** Opening Recorded information block **

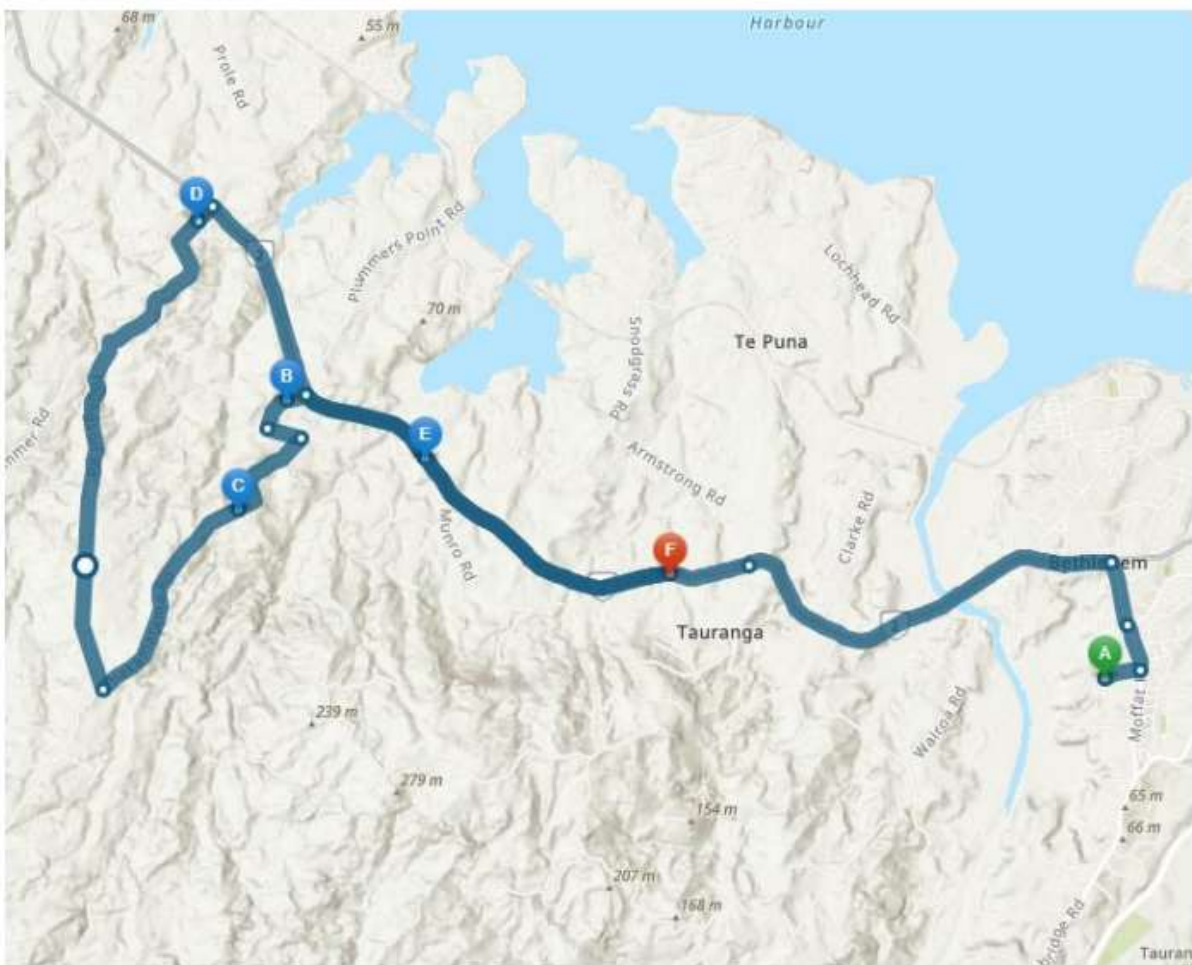

Bus Stops

40513 Daisy Flower - Whakamarama to Bethlehem College

<u>A.M.</u>	<u>LOCATION</u>	<u>P.M.</u>	<u>LOCATION</u>
7:26	Youngston Rd-16	15:25	Bethlehem College
7:29	Whakmarama Rd - Youngston Rd		Moffat Rd - Collect Aquinas students after traffic lights
	Whakamarama Rd - 100		Te Puna Quarry Rd / Munro Rd
7:32	Barrett Rd - 26		Barrett Rd - 26
	SH2 - Te Karaka Drive		Whakamarama Rd - 100
	SH2 - Loop Rd		Youngston Rd - Whakamarama Rd
	Moffat Rd - transfer Aquinas students at bus stop before traffic lights		Youngston Rd
8:20	Bethlehem College		SH2 - Te Karaka Drive
			SH2 - Loop Rd

40513 Daisy Flower - Whakamarama to Bethlehem College

AM

40513 Daisy Flower - Whakamarama to Bethlehem College

PM

*Note: Te Puna Quarry Rd and Munro Rd are not shown on this map

** Closing Recorded information block **

Task brief:
What is needed is a copy of every line above in which "Karaka" appears.

Output of the exercise:
	SH2 - Te Karaka Drive		Whakamarama Rd - 100
8:20	Bethlehem College		SH2 - Te Karaka Drive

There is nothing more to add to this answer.